A method and apparatus of video encoding or decoding for a video encoding or decoding system applied to multi-face sequences corresponding to a 360-degree virtual reality sequence are disclosed. According to embodiments of the present invention, at least one face sequence of the multi-face sequences is encoded or decoded using face-independent coding, where the face-independent coding encodes or decodes a target face sequence using prediction reference data derived from previous coded data of the target face sequence only. Furthermore, one or more syntax elements can be signaled in a video bitstream at an encoder side or parsed from the video bitstream at a decoder side, where the syntax elements indicate first information associated with a total number of faces in the multi-face sequences, second information associated with a face index for each face-independent coded face sequence, or both the first information and the second information.

Description

METHOD AND APPARATUS OF FACE INDEPENDENT CODING STRUCTURE FOR VR VIDEO
CROSS REFERENCE TO RELATED APPLICATIONS [0001] The present invention claims priority to U.S. Provisional Patent Application, Serial No. 62/353,584, filed on June 23, 2016. The U.S. Provisional Patent Application is hereby incorporated by reference in its entirety.
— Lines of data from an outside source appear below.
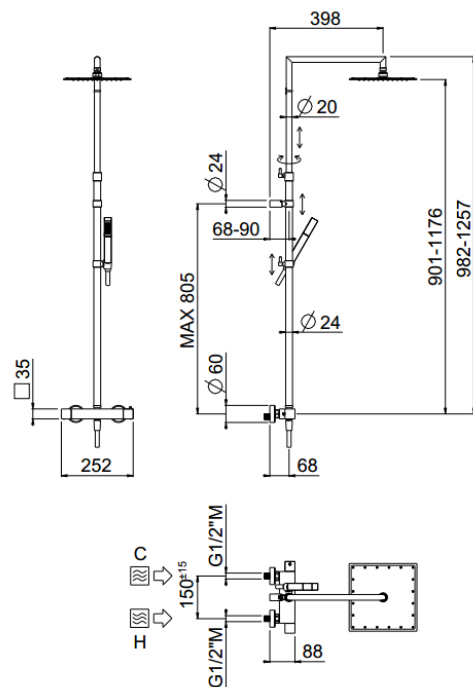

## TECHNICAL INFORMATION

Telescopic shower column including exposed mixer with diverter, turning bar with adjustable mounting. Non-liming inspectable square shower head 190x190 in brass/stainless steel. ABS non-liming one jet square shower. Smooth double anti-torsion PVC flexible hose, cm 150. CHROME

## FEATURES

Rain jet

Non-liming

adjustable  
telescopic shower  
column

double anti-  
torsion

## TECHNICAL DRAWING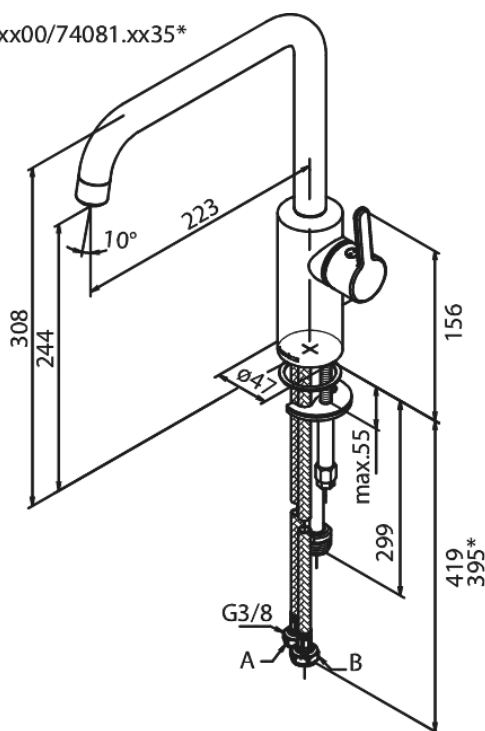

Product features

74081.xx00/74081.xx35*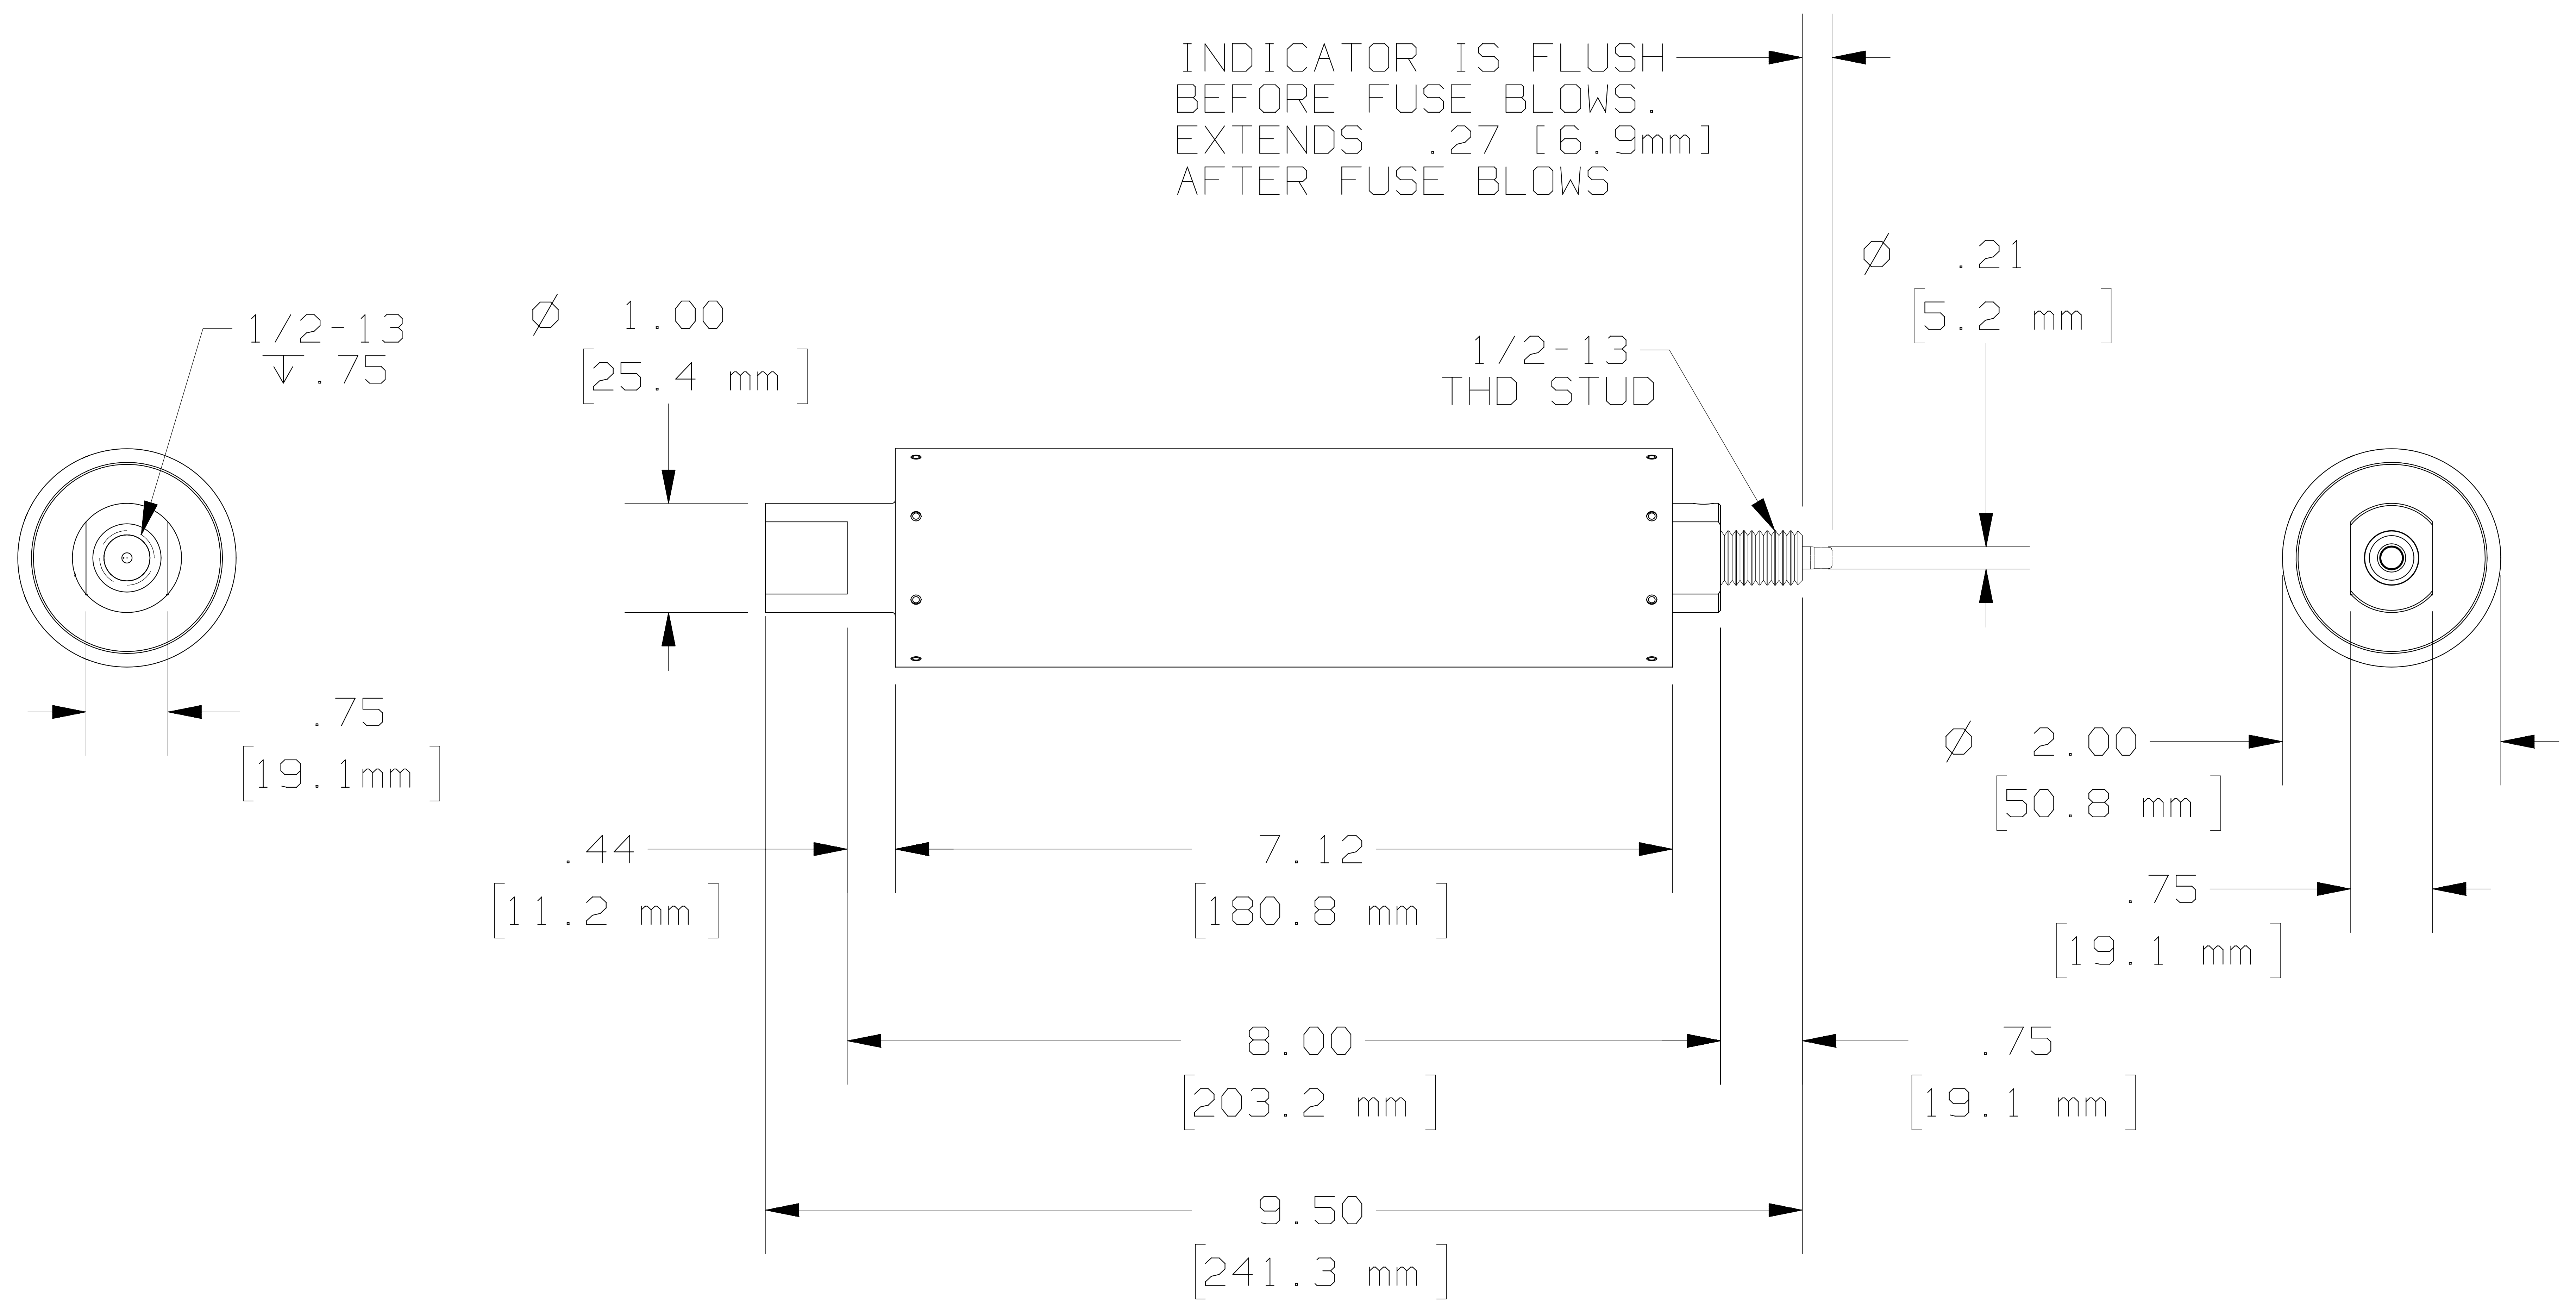

REV	DATE	ECO	DESCRIPTION	BY	CK	APP
A	2/25/05	NA	ADDED CAT NO'S A550C(65,75)-15	ELO	NA	NA

MERSEN USA NEWBURYPORT-MA, LLC
374 MERRIMAC STREET
NEWBURYPORT, MA 01950

A550C(6 THRU 75)-15
A430C(6 THRU 100)-15

OUTLINE DIMENSIONS
NOT TO BE USED FOR PRODUCTION

PRODUCT MANAGER

DESIGN ENGINEER

MEDIUM VOLTAGE CAPACITOR FUSE

SIGN:

SIGN:

6 - 75 Amps 5.5kV

DATE:

DATE:

6 - 100 Amps 4.3kV

700987

TECHNICAL FIELD [0002] The present invention relates to image and video coding. In particular, the present invention relates to coding face sequences, where the faces correspond to cube faces or other multiple faces as a representation of 360-degree virtual reality video.
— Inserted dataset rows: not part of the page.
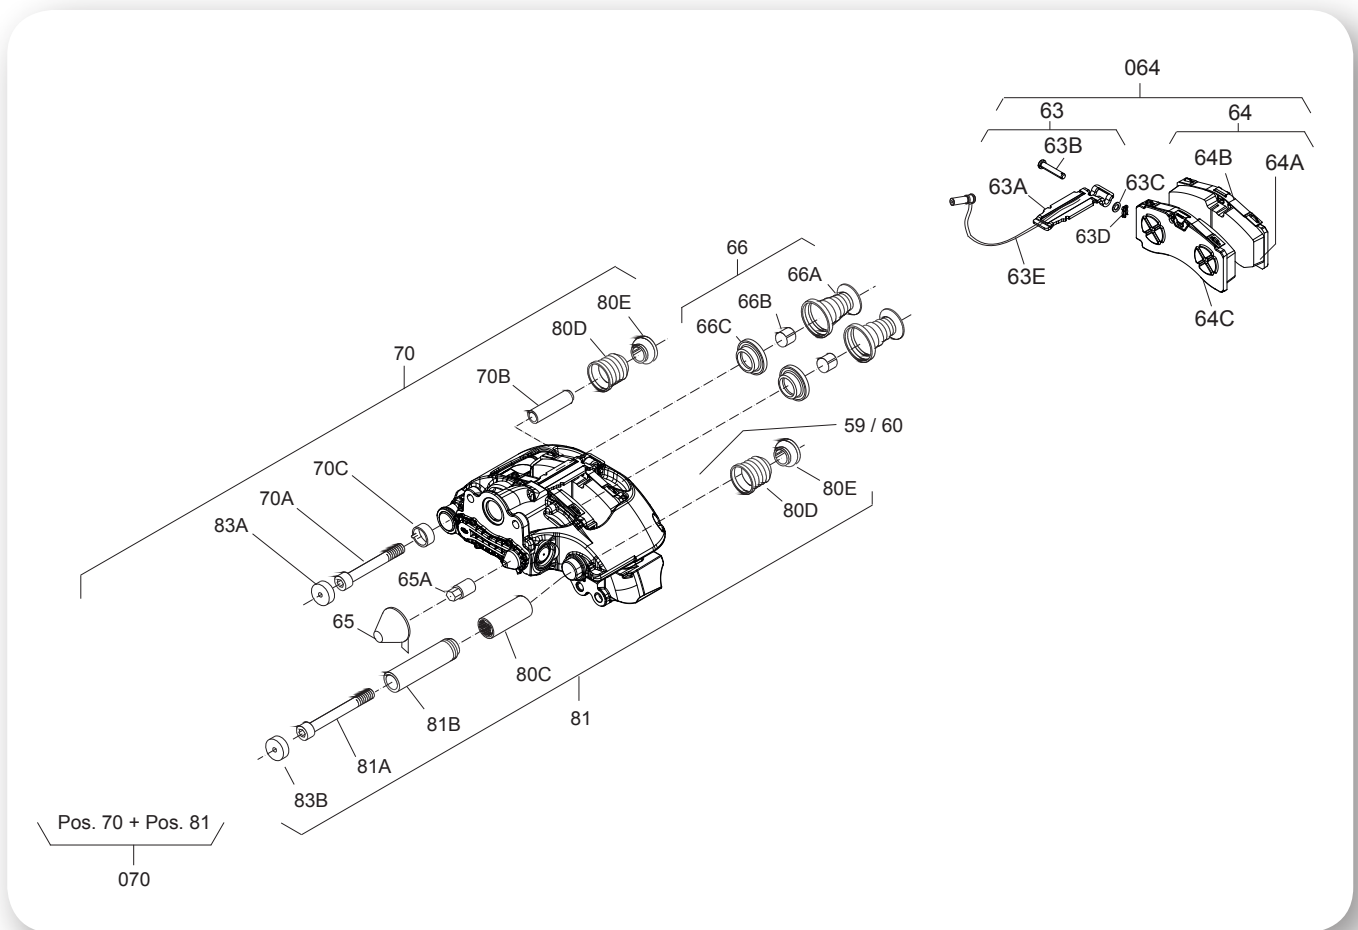

OVERVIEW

Order no.	Description	Position
03 080 0087 00	Disc brake caliper-Kit - LH	59
03 080 0088 00	Disc brake caliper-Kit - RH	60
03 057 0006 00	Repair-Kit Pad	064
03 434 3823 00	Repair-Kit	66
03 434 3824 00	Repair-Kit seal	070
03 434 3816 00	Univ. adjuster cap	65

The part lists and exploded views for SAF SBS 2220 K0 are now available on POD „parts on demand“.

SAF-HOLLAND GmbH

Business Unit Aftermarket · Hauptstraße 26 · 63856 Bessenbach · Germany · Tel +49 6095 301-301

www.safholland.com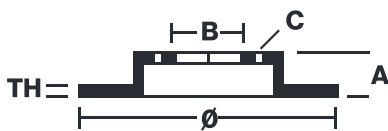

BRAKE DISC

09.9365.10

The **09.9365.10** brake disc is synonymous with reliability

The Brembo brake disc is fully interchangeable with an Original Equipment brake disc. The control of the entire production cycle allows Brembo to offer brake discs with outstanding performance levels, reliability, durability and comfort in all conditions of use. All Brembo brake discs are accompanied by the ECE-R90 homologation.

- ✓ OE-equivalent
- ✓ Brembo quality
- ✓ ECE-R90 certificate
- ✓ Safety
- ✓ PVT ventilation

Technical specifications

EAN code
8020584936511

Axle
Front

Diameter \varnothing
330 mm

Thickness (TH)
28 mm

Height (A)
40 mm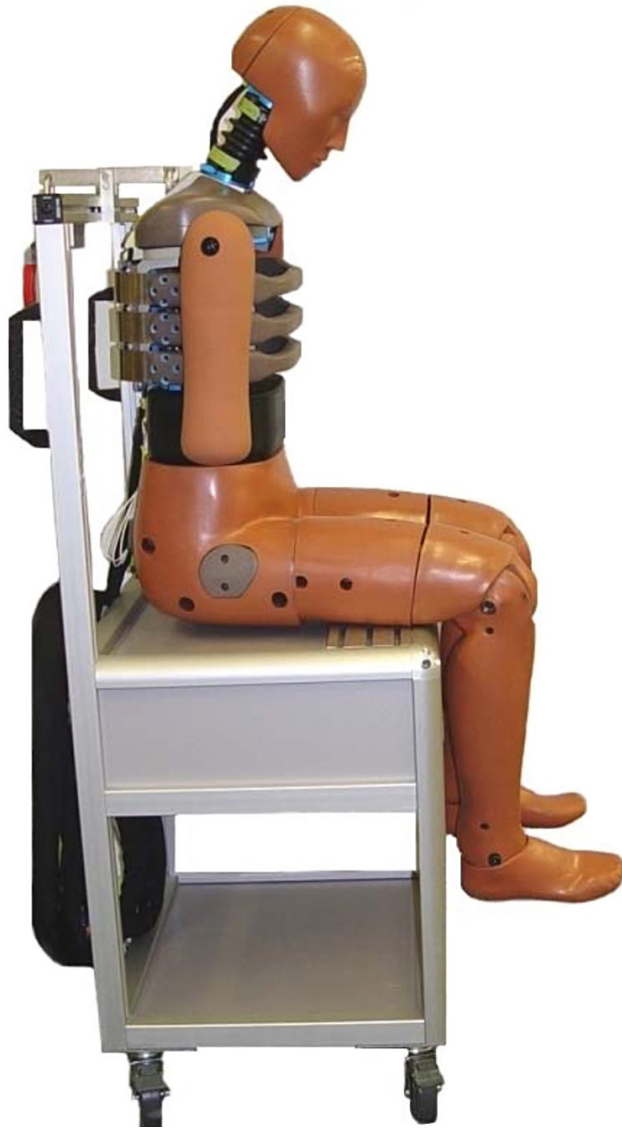

# STORAGE/TRANSPORT CHAIR FOR THE EUROSID-I AND ES-2 AND ES-2re

MODEL 490-6926

Humanetics offers a dummy chair that is ideal for crash test dummy storage and transportation within the laboratory or testing facility. The Model 490-6926 is designed for use with the EuroSID-I and the ES-2 dummies.

## Dummy Chair Features:

- Light weight
- Solid framework
- Recessed seat panel
- Upper shelf enclosed on three sides for storage of dummy documentations tools, etc.
- Storage Spool for dummy cabling
- Heavy duty swivel casters with brakes
- Posts adjustable for height and width
- Handles adjustable for height
- Open lower storage shelf

BACKGROUND [0003] The 360-degree video, also known as immersive video is an emerging technology, which can provide “feeling as sensation of present”. The sense of immersion is achieved by surrounding a user with wrap-around scene covering a panoramic view, in particular, 360-degree field of view. The “feeling as sensation of present” can be further improved by stereographic rendering. Accordingly, the panoramic video is being widely used in Virtual Reality (VR) applications.
[0004] Immersive video involves the capturing a scene using multiple cameras to cover a panoramic view, such as 360-degree field of view. The immersive camera usually uses a set of cameras, arranged to capture 360-degree field of view. Typically, two or more cameras are used for the immersive camera. All videos must be taken simultaneously and separate fragments (also called separate perspectives) of the scene are recorded. Furthermore, the set of cameras are often arranged to capture views horizontally, while other arrangements of the cameras are possible.
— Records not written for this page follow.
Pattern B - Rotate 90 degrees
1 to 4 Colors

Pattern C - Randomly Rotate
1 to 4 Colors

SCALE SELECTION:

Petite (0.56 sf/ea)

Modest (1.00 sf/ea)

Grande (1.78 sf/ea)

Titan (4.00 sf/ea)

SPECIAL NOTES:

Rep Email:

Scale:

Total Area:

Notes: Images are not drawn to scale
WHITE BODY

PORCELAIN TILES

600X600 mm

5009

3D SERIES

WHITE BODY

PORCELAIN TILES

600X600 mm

[0005] The 360-degree panorama camera captures scenes all around and the stitched spherical image is one way to represent the VR video, which continuous in the horizontal direction. In other words, the contents of the spherical image at the left end continue to the right end. The spherical image can also be projected to the six faces of a cube as an alternative 360degree format. The conversion can be performed by projection conversion to derive the six-face images representing the six faces of a cube. On the faces of the cube, these six images are connected at the edges of the cube. In Fig. 1, image 100 corresponds to an unfolded cubic image with blank areas filled by dummy data. The unfolded cubic frame which is also referred as a cubic net with blank areas. As shown in Fig. 1, the unfolded cubic-face images with blank areas are fitted into a smallest rectangular that covers the six unfolded cubic-face images.
[0006] These six cube faces are interconnected in a certain fashion as shown in Fig. 1 since these six cubic faces correspond to six pictures on the six surfaces of a cubic. Accordingly, each edge on the cube is shared by two cubic faces. In other words, each four faces in the x, y and z directions are continuous circularly in a respective direction. The circular edges for the cubic-face assembled frame with blank areas (i.e. image 100 in Fig. 1) are illustrated by image 200 in Fig. 2. The cubic edges associated with the cubic face boundaries are labelled. The cubic face boundaries with the same edge number indicate that the two cubic face boundaries are connected and share the same cubic edge. For example, edge #2 is on the top of face 1 and on the right side of face 5. Therefore, the top of face 1 is connected to the right side of face 5. Accordingly, the contents on the top of face 1 flow continuously into the right side of face 5 when face 1 is rotated 90 degrees counterclockwise.
[0007] In the present invention, techniques for coding and signaling multiple face sequences are disclosed.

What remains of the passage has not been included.